- _Prompt_:
Every entry below has to appear again in your reply, word for word, but no picture may.

- _Task data_:
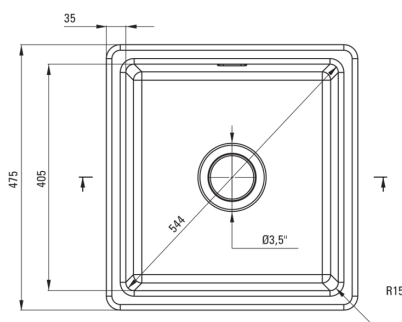

SABOR

Fregadero de cerámica, 1-seno

Código de producto: ZCB_C103

EAN: 5907650878001

Color: capuchino

Garantía [años]: 2

Hundir

Finalizar	capuchino
Tipo de superficie	mate
Material	cerámico
Metodo de instalacion	recuadro, bajo montado
Número de tazones	1
Ancho mínimo del gabinete [mm]	500
Ancho [mm]	475
Longitud [mm]	450
Altura [mm]	215
Profundidad del tazón [mm]	180
Longitud de corte [mm]	430
Ancho recortado [mm]	455
Equipado con accesorios	Sí

Kit de desechos

Finalizar	acero
Tipo de enchufe	manual
Saver de syphon/ space	Sí
Posibilidad de conectar un lavavajillas/ lavavajillas	Sí

Características:

- ¡ATENCIÓN! Antes de cortar el agujero en la encimera, para montar un fregadero de cerámica, tenga en cuenta las dimensiones reales del modelo comprado.
- Cerámica dura y duradera, no pierde sus propiedades con un uso largo
- Fregadero equipado con accesorios con una conexión de lavavajillas
- Una medida dedicada en la oferta es una caja fuerte dedicada para superficies limpias
- Sifón que ahorra espacio para facilitar, entre otras cosas, la separación de residuos

- _Response to this exercise_:
SABOR

Fregadero de cerámica, 1-seno

Código de producto: ZCB_C103

EAN: 5907650878001

Color: capuchino

Garantía [años]: 2

Hundir

Finalizar	capuchino
Tipo de superficie	mate
Material	cerámico
Metodo de instalacion	recuadro, bajo montado
Número de tazones	1
Ancho mínimo del gabinete [mm]	500
Ancho [mm]	475
Longitud [mm]	450
Altura [mm]	215
Profundidad del tazón [mm]	180
Longitud de corte [mm]	430
Ancho recortado [mm]	455
Equipado con accesorios	Sí

Kit de desechos

Finalizar	acero
Tipo de enchufe	manual
Saver de syphon/ space	Sí
Posibilidad de conectar un lavavajillas/ lavavajillas	Sí

Características:

- ¡ATENCIÓN! Antes de cortar el agujero en la encimera, para montar un fregadero de cerámica, tenga en cuenta las dimensiones reales del modelo comprado.
- Cerámica dura y duradera, no pierde sus propiedades con un uso largo
- Fregadero equipado con accesorios con una conexión de lavavajillas
- Una medida dedicada en la oferta es una caja fuerte dedicada para superficies limpias
- Sifón que ahorra espacio para facilitar, entre otras cosas, la separación de residuos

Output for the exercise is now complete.